Einer der zehn Sympathisanten der mittlerweile geschlossenen An'Nur-Moschee in Winterthur bei seiner Ankunft vor dem Bezirksgericht Winterthur. Ihnen wird vorgeworfen, im November 2016 zwei Gläubige eingesperrt und verprügelt zu haben.
Einer der zehn Sympathisanten der mittlerweile geschlossenen An'Nur-Moschee in Winterthur bei seiner Ankunft vor dem Bezirksgericht Winterthur. Ihnen wird vorgeworfen, im November 2016 zwei Gläubige eingesperrt und verprügelt zu haben.
KEYSTONE/ENNIO LEANZA

«Pure Angst in den Augen»

Eine Polizistin gab zu Protokoll, dass sie in ihrer ganzen Laufbahn noch nie so verängstigte Personen gesehen habe. Die beiden hätten nach dem Angriff die pure Angst in den Augen gehabt. Zudem hatte eines der Opfer eine Beule am Kopf sowie eine Gehirnerschütterung.

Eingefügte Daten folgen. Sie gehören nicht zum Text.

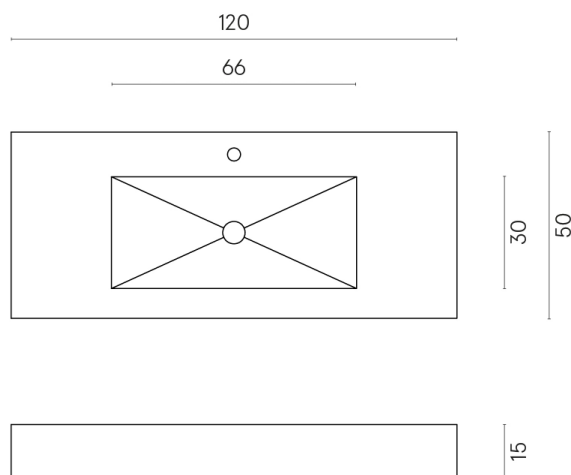

SCHEDA DI CONFIGURAZIONE

Cod. art.: 620810000003

Fly

Washbasin 120

Rivestimento del
prodotto
Forum Slim Pure Matt

I colori e le altre caratteristiche estetiche delle piastrelle presenti nelle illustrazioni presenti sul sito sono puramente indicativi. Guarda sempre i campioni di persona prima dell'acquisto.

Nur einer der Beschuldigten gab am Montag jedoch zu, wütend geworden zu sein. Er räumte ein, den einen Anzeigeerstatter wegen der Handyfotos aus dem Gebetsraum als "Idiot" und "Dummkopf" betitelt und angespuckt zu haben. Gewalt habe es aber keine gegeben, sagte er übereinstimmend mit seinen Glaubensbrüdern.

«Das Opfer schlug sich selber»

Jener Beschuldigte, der für die Beule und die Gehirnerschütterung verantwortlich sein soll, stritt ebenfalls jegliche Gewalt ab. Das angebliche Opfer habe sich wohl selber geschlagen oder auf der Toilette verletzt. Oder die Beule sei schon vorher dagewesen.

Der Imam und der Vereinspräsident wiederum beteuerten, mit den beiden Gläubigen nur das Gespräch gesucht zu haben. Dabei widersprachen sie sich jedoch beim wichtigen Detail, ob die Bürotüre dabei abgeschlossen war oder nicht.

Die Anklage fordert, die zehn Männer mit teilbedingten Freiheitsstrafen in unterschiedlicher Höhe zu bestrafen, unter anderem wegen Freiheitsberaubung, Nötigung, Drohung und Körperverletzung. Jene mit ausländischer Staatsangehörigkeit sollen zudem bis zu zehn Jahre des Landes verwiesen werden.

Alle Männer leben in Winterthur oder einer umliegenden Gemeinde. Ein Landesverweis wäre für jene, denen dies droht, "das Todesurteil", wie sie übereinstimmend sagten. Die Schweiz sei ihre Heimat. Hier wollten sie bleiben und ihre Kinder aufwachsen sehen.

Der Prozess wird am Dienstag mit dem Plädoyer der Staatsanwaltschaft fortgesetzt. Danach folgen die Vorträge der zehn Anwälte.